As long a "we" as the electricians continue to do work on energized equipment, with or without PPE, we will continue to have incidents like this one. 

As long as there are electricians willing to do that, we will have contractors and clients that insist that work be done on energized equipment.

Preventing these incidents can only be accomplished by the electricians refusing to work on energized equipment.


----------



## Helmut

don_resqcapt19 said:


> Preventing these incidents can only be accomplished by the electricians refusing to work on energized equipment.

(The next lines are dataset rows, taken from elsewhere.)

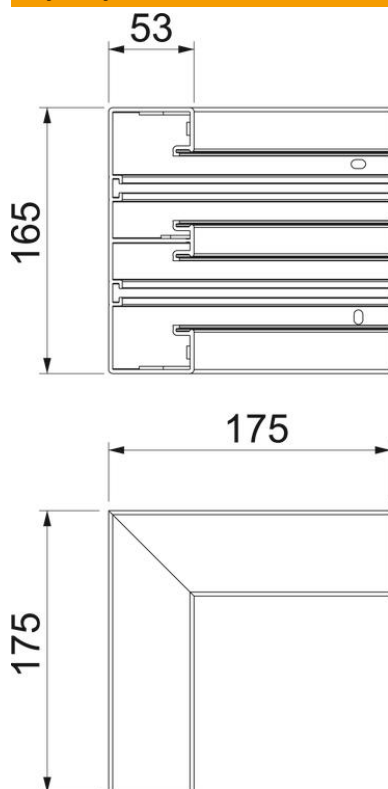

Karta charakterystyki technicznej

Naroże wewnętrzne, do kanału podparapetowego Rapid
45-2 typ GK-53165
Numery katalogowe: 6113432

Naroże wewnętrzne 90° do zmiany kierunków kanałów Rapid 45-2.

PVC polichlorek winylu

Dane podstawow

Numery katalogowe	6113432
Typ	GK-IS53165LGR
Oznaczenie 1	Naroże wewnętrzne
Oznaczenie 2	stałe
Wytwórca	OBO
Wymiar	175x175x165
Kolor	jasnoszary; RAL 7035
Materiał	Polichlorek winylu
Najmniejsza jednostka sprzedaży	1
Jednostka opakowania	Sztuk
Ciężar	54,5 kg
Jednostka wagi	kg/100 szt.

Karta charakterystyki technicznej

Naroże wewnętrzne, do kanału podparapetowego Rapid

45-2 typ GK-53165

Numer katalogowy: 6113432

Wymiary

Długość	175 mm
Szerokość	165 mm
Wysokość	53 mm

Dane techniczne

Ilość pokryw	2
Wykonanie	Podstawa
Kształt	symetryczne
Bezhalogenowy	brak
Klamra mocująca kable	brak
Łącznik kanału EÜK	brak
Rodzaj montażu pokryw	Położenie wewnętrzne
Perforacja montażowa w dnie	tak
Szerokość pokrywy	45 mm
Szerokość pokrywy 2	45 mm
Szerokość pokrywy 3	0 mm
Stopień ochrony	IP 20
Folia ochronna	tak
Odporność kod IK	IK08
Zakres temperatur maks.	60 °C
Zakres temperatur min.	-15 °C
Zakres kąta maks.	90 mm
Zakres kąta min.	90 mm

I thought you were a Lineman back in the day?


----------



## eejack

Helmut said:


> Based upon the article, we don't know that for sure do we?

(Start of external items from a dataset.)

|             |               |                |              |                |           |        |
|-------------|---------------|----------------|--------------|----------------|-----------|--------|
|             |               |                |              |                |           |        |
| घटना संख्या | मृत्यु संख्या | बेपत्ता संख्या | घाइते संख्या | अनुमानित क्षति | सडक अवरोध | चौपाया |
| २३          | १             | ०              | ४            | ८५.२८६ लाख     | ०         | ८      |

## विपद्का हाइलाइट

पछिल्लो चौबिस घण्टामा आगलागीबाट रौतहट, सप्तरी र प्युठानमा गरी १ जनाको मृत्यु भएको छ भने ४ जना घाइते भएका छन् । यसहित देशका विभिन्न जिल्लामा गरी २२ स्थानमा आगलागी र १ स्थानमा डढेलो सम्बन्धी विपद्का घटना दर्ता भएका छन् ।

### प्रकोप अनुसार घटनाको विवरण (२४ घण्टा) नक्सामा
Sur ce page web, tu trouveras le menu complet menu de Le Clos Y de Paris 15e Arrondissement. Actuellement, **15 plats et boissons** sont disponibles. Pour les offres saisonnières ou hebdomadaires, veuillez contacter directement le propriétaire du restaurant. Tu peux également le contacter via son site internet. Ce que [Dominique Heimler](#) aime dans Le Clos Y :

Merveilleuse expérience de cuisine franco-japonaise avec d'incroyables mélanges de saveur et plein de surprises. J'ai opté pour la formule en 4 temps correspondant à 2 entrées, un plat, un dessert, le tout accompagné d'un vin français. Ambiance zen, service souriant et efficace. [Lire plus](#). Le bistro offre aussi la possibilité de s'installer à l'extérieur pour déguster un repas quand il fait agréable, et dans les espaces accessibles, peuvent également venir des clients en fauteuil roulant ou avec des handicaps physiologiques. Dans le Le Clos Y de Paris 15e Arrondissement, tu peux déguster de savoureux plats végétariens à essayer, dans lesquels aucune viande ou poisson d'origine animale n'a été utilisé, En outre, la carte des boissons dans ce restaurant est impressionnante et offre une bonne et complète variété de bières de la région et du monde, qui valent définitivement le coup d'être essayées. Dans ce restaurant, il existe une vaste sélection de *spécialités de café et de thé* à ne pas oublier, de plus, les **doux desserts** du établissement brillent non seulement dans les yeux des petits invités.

It is entirely possible that had the worker had a mask and arc suit his face might not have shorted out the panel, so you have a point. A pinhead of a point. Not even a dull pencil point, but it is a point.

All those damn electricians blowing crap up with their faces...


----------



## don_resqcapt19

Helmut said:


> I thought you were a Lineman back in the day?


Only been an electrician.


----------



## gnuuser

working live is just plain ignorance and complacency.
either one can get you or someone else hurt or killed
i was subbed to install a 400 amp panel once and the owner did not want to shut the power off. 

i asked him what would be more costly the down time or a wrongful death and criminally negligent homicide lawsuit?

he decided the power needed to be shut off before putting the panel in.

my other peeve is expecting a new apprentice to rack in switchgear

i think it should be mandatory that any manager regardless of what business they are in should be required to view arc-flash videos and take the classes twice a year


----------



## Michigan Master

power said:


> When I was apprenticing and a young journeyman, I was taught to change breakers live....it was the norm back then. It's just the way things were.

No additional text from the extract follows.